For the string "Tables", find every matching line in the records and copy it.

(Data supplied Opens)

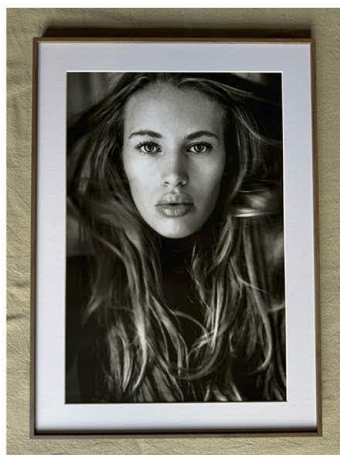

OEUVRE N°55

KATIA

60X40

TIRAGE SUR PAPIER D'ART, ENCADREMENT GALERIE (NIELSEN)

SIGNÉE AU VERSO

NUMÉRO 1/30 AVEC CERTIFICAT D'AUTHENTICITÉ
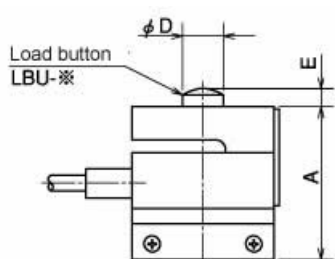

LBU series LBU1

2023/03/22

U3B1-B series load button

Item	Accessory part No.	A [mm]	φD [mm]	E [mm]	Weight [g]
U3B1-20K-B~ U3B1-50K-B use	LBU-16	60	16	7	10
U3B1-100K use	LBU-16	70	16	7	10
U3B1-200K use	LBU-17	70	22	10	30
U3B1-500K-B~ U3B1-1T-B use	LBU-17	70	22	10	30
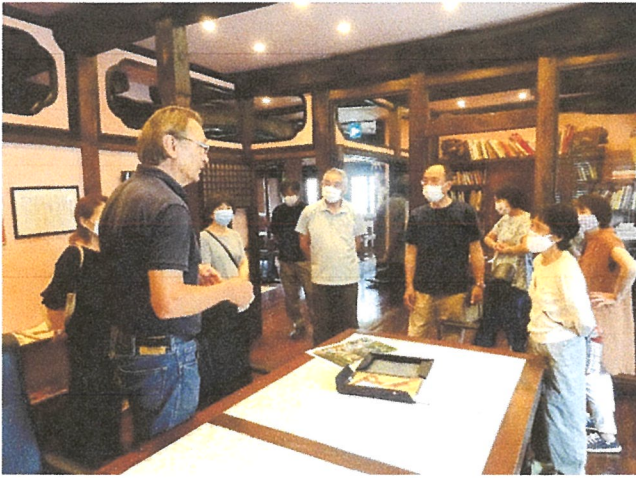

矢代古民家活用の会 令和3年度活動結果 (写真)

5月人形展 (矢代保育園児) ①

5月人形展 (矢代保育園児) ②

6月古民家ファン倶楽部の集い①

6月古民家ファン倶楽部の集い②

7月七夕コンサート (ザイダンバンド) ①

7月七夕コンサート (ザイダンバンド) ②

7月カールペンクス古民家カフェ研修①
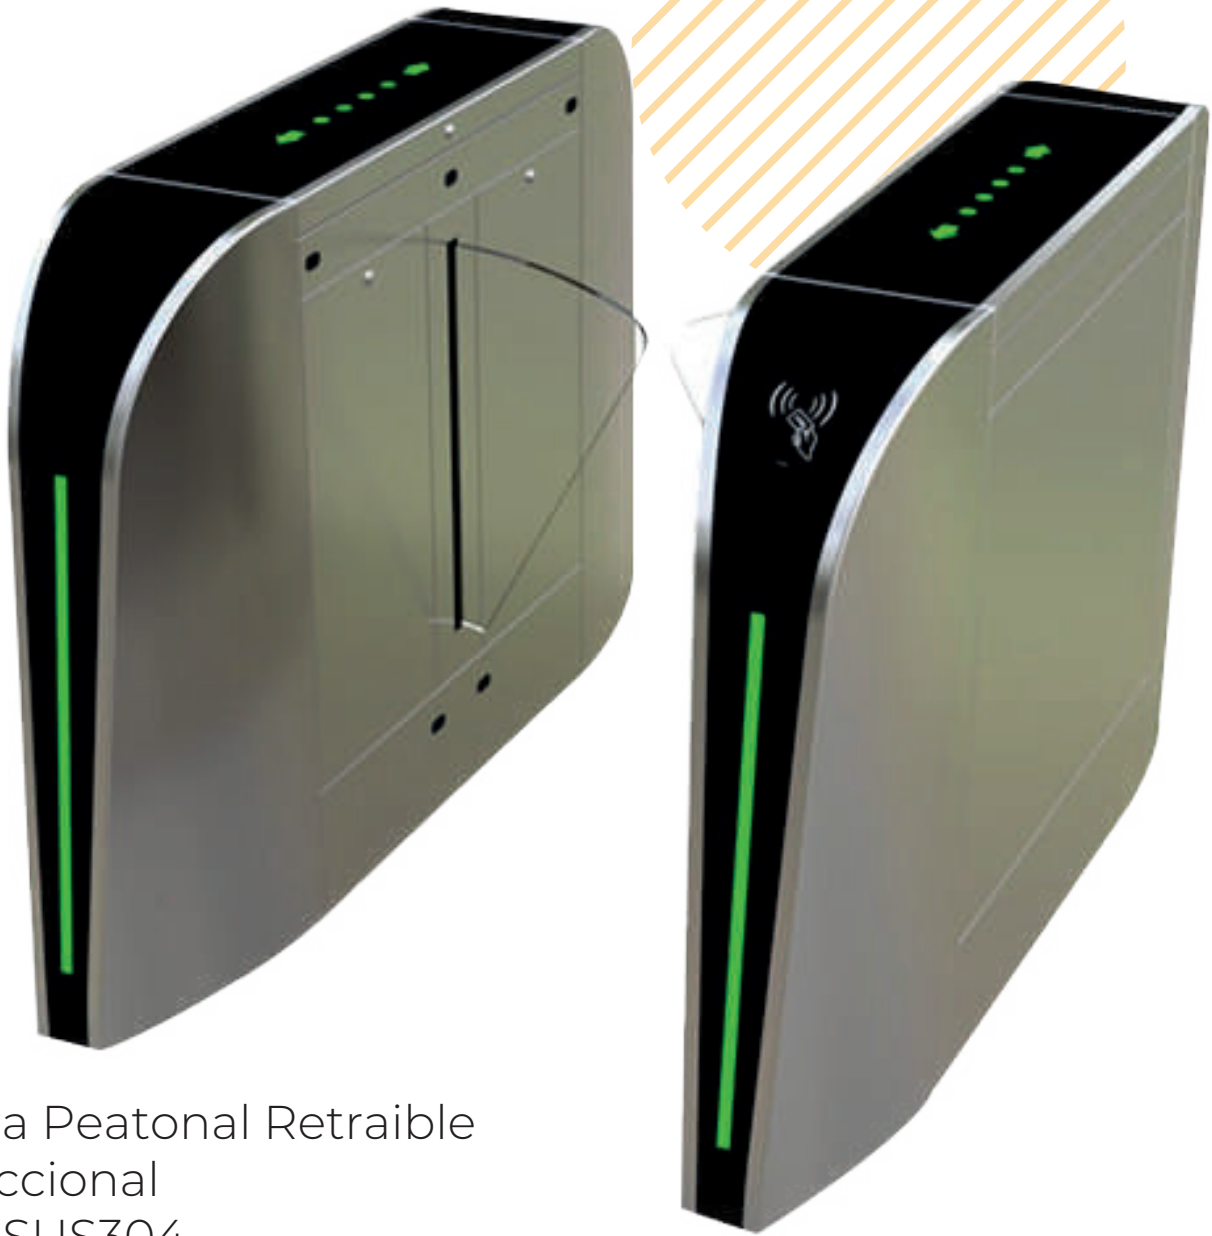

CATALOGO DE PRODUCTOS 2022

Modelo:
FACE-KIOSK-V43
Marca:
ZKTECO

Estacion de publicidad con pantalla de 43 pulgadas con reconocimiento facial de hasta

FBL6000

Puerta de cortesía tipo FLAP bidireccional.

30 personas por minuto

Acabado de Lujo

Apertura en 1 segundo

Acero inoxidable

Indicadores LED

Alarma por acceso denegado

CMP200

Barrera Vehicular de doble dirección Izq o Der
Brazo Telescópico de 2.6 hasta 4.5 metros
3 Seg.

Gabinete con Luz Led Indicador de estado
Sistema Inteligente anti-impacto
Incluye 2 controles remotos

SBTL6000

Barrera Peatonal Bidireccional
Acero SUS304
Aletas de Acrílico
110V
Exterior Protegido
Carril 63.5 Cm
Infrarrojos de Seguridad
Indicador Led
2 millones de Ciclos
No cuenta con Lectores y Panel

FBL300

Barrera Peatonal Retraible
Bidireccional
Acero SUS304
Aleta de Acrílico
110V
35 Personas x Min
Carril 60 cm
Exterior Protegido
2 millones de Ciclos
Infrarrojos de Seguridad
No cuenta con Lectores y Panel
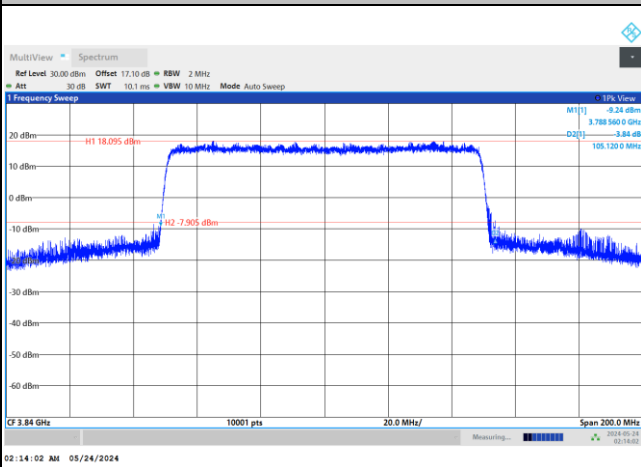

FR1 n77 / 100MHz / DFT-S OFDM / Middle Channel / Full RB

PI/2 BPSK

FR1 n77 / 100MHz / CP OFDM / Middle Channel / Full RB

QPSK

16QAM

64QAM

256QAM
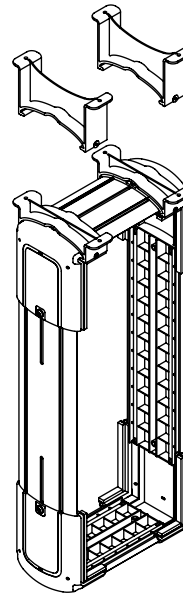

## Viewlite Computerhalterung - Schreibtisch 203

Diese Halterung ist ideal für Desktop-/Workstation-Computer. Sie ist einfach vertikal oder horizontal zu befestigen und bietet festen Sitz für die meisten PCs.

- Für Montage unter Schreibtisch
- Mit großen Befestigungsbügeln die um den Schreibtischrahmen herum reichen
- Max. Abmessungen CPU vertikal zwischen 156 - 205 mm Breite und 390 - 570 mm Höhe
- Max. Abmessungen CPU horizontal zwischen 390 - 570 mm Breite und 156 - 205 mm Höhe
- Höhe und Breite verstellbar
- Max. Tragkraft 30 kg
- Aus recyceltem ABS
- Einfach zu (de)montieren

# viewlite

horizontal/vertikal

156 - 205 mm (6,1 - 8,0")

390 - 570 mm (15,3 - 22,4")

30 kg
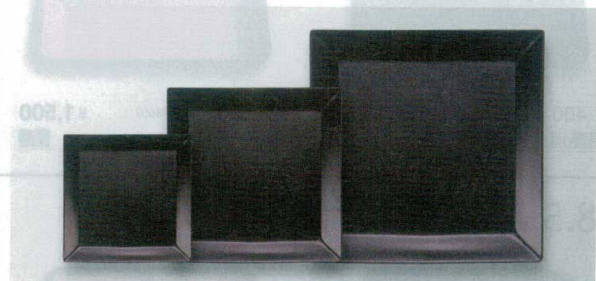

和柘目裏ベージュ塗 A
7-401-4 (50028645) φ13.8cm ¥1,500
7-401-5 (50028640) φ19.4cm ¥2,000
7-401-6 (50028635) φ26.1cm ¥2,800

ホワイト裏白塗 汚染防止加工 A
7-401-7 (50028630) φ13.8cm ¥1,600
7-401-8 (50028625) φ19.4cm ¥2,100
7-401-9 (50028620) φ26.1cm ¥3,000

スクエアプレート

13.7cm:137×136×15 19.4cm:194×192×17 26cm:260×258×22

大きさ見本

黒艶消 A
7-401-10 (50028660) 13.7cm ¥850
7-401-11 (50028655) 19.4cm ¥1,250
7-401-12 (50028650) 26cm ¥1,950

和柘目裏ベージュ塗 A
7-401-13 (50028690) 13.7cm ¥1,750
7-401-14 (50028685) 19.4cm ¥2,200
7-401-15 (50028680) 26cm ¥3,000

ホワイト裏白塗 汚染防止加工 A
7-401-16 (50028675) 13.7cm ¥1,550
7-401-17 (50028670) 19.4cm ¥2,100
7-401-18 (50028665) 26cm ¥3,000

ビュッフェ
プレート
盛箱

盛込

オールドブル

盛器・盛皿

粋(金・銀・銅)

小鉢・焼物皿

向付・刺身鉢
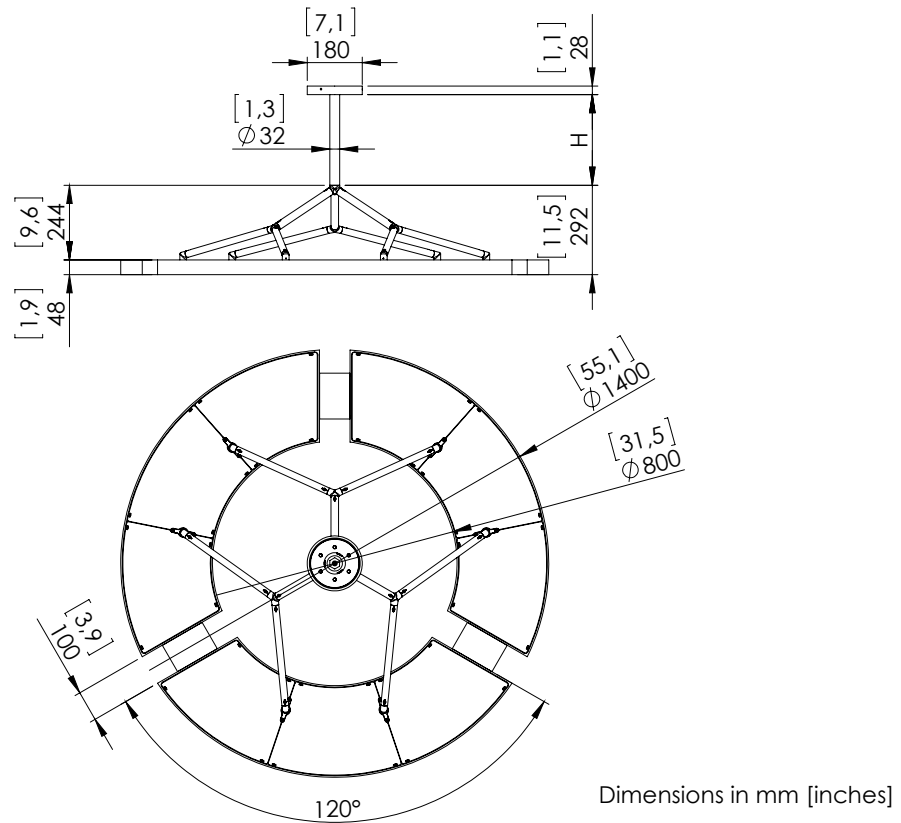

# o z o n e – Classique S

**BESCHREIBUNG:** Kronleuchter. Struktur aus Messing und Aluminium.

Das Finish ist Spiegel Nickel oder Gun Metall.

Warmweiße 2200K LED-Beleuchtung nach oben, 250W, 9600Lumen (bei weißer Decke)

Externer 24V-Konverter, nicht integriert.

Gewicht: 59kg

Größe: 140x140x5cm + Höhe der Hängevorrichtung

CE-Konformität: Klasse III

Herkunft: Frankreich

Silhouette : 175cm / 69in
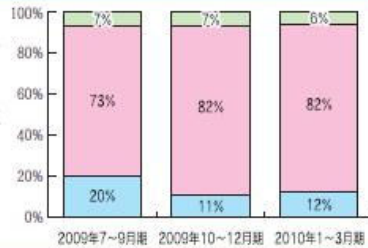

8【在庫】

貴社は、自社の在庫について現状と先行きをどのように判断されていますか。(前期に比べ)

前回調査と比べ大きな変化はなくほぼ適正と判断している企業が約70%を占める。

■ 過剰 ■ ほぼ適正 ■ 不足
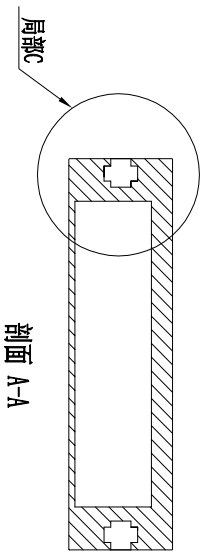

局部C  
四面, M3螺母, 安装用

剖面 A-A

A B C D

7 6 5 4 3 2 1

A B C D

产品安装尺寸图

 库尔曼科技		名称		底部平行背光源		版本		A.0	
		型号		KMFLP-50X50		比例		1:1	
日期		 		单位		mm			
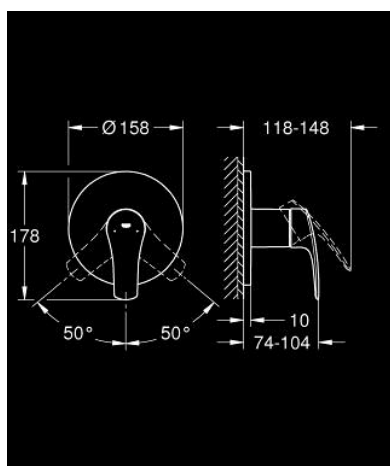

### DESCRIEREA PRODUSULUI

- Colour: cromat
- set pentru instalarea finală a codului GROHE Rapido SmartBox (35 600/35 604)
- cartuș ceramic de 46 mm cu GROHE SilkMove
- suprafață GROHE LongLife
- rozetă cu element de etanșare a arborelui și fixare mascată GROHE FastFixation
- mască metalică, ajustabilă 6° retroactiv
- mâner din metal
- without roughing-in set 35 600/35 604 (please order separately)
- flow performance: outlet B or C = 30 l/min
- professional edition
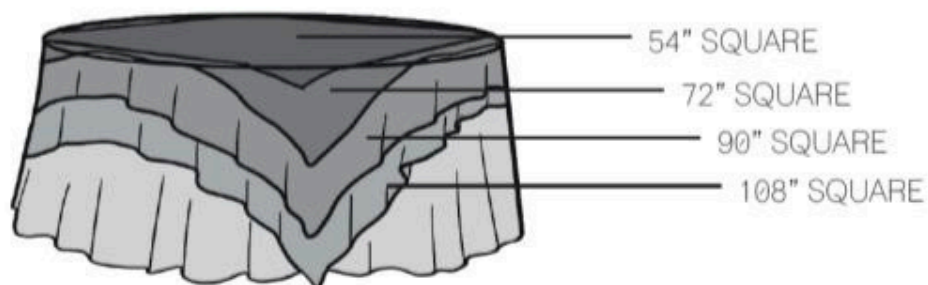

Linen Sizing Guide

30", 36", 48" Round Tables

30" Round Table

36" Round Table

48" Round Table

Linen Sizing Guide

60" and 72" Round Tables

60" Round Table

72" Round Table

Linen Sizing Guide

6'x30" and 8'x30" Long Tables

6' Banquet

8' Banquet

Linen Sizing Guide

Hightop Tables

36" Hi-Top
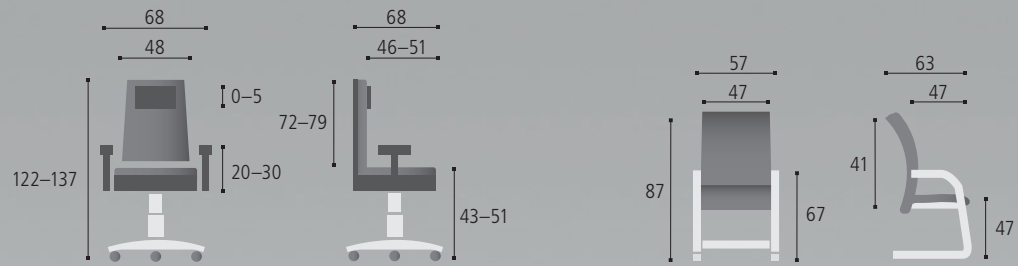

31691Kč

Možnost čalounění
područek pravou
kúží s ručně šitým
křížovým stehem
– nadstandardní
výbava za příplatek

13 875 Kč

LEZGO
LG 7K

LEZGO
LG 0775
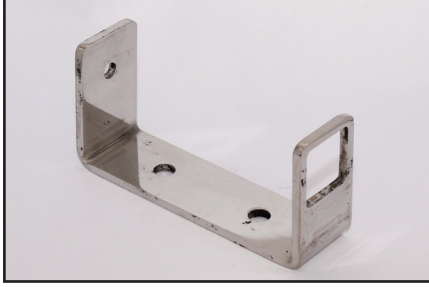

# Baęlantı Elemanları

**SISKOM**  
Yapı Mühendislik  
Kalite Yapı'mızda Var...

Rosette

Saplamalı Zemin Ankraji ASZ-100

Rosette

Alın Bağlantı Elemanı (Kare) ABK-100

Flanş

F-100
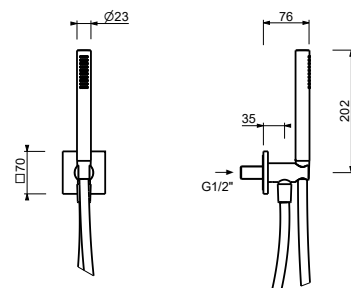

Combiné de douche

- rosace carrée 70x70 mm épaisseur 7,5
- douchette FIT
- prise d'eau avec support douchette
- flexible PVC 150 cm
- entrée en 1/2"

Chromé	86 02 8148
Noir Mat	86 13 8148
Blanc Mat	86 29 8148
Matt Gun Metal PVD	86 P5 8148
Matt British Gold PVD	86 P6 8148
Matt Copper PVD	86 P9 8148
Deep Black PVD	86 S1 8148
Mokka PVD	86 S5 8148
Pure Brass PVD	86 Q7 8148
Raw Metal PVD	86 Q8 8148
Acier Brossé	86 93 8148

(Data supplied Closes)

* _Answer for this exercise_
30", 36", 48" Round Tables
60" and 72" Round Tables
6'x30" and 8'x30" Long Tables
Hightop Tables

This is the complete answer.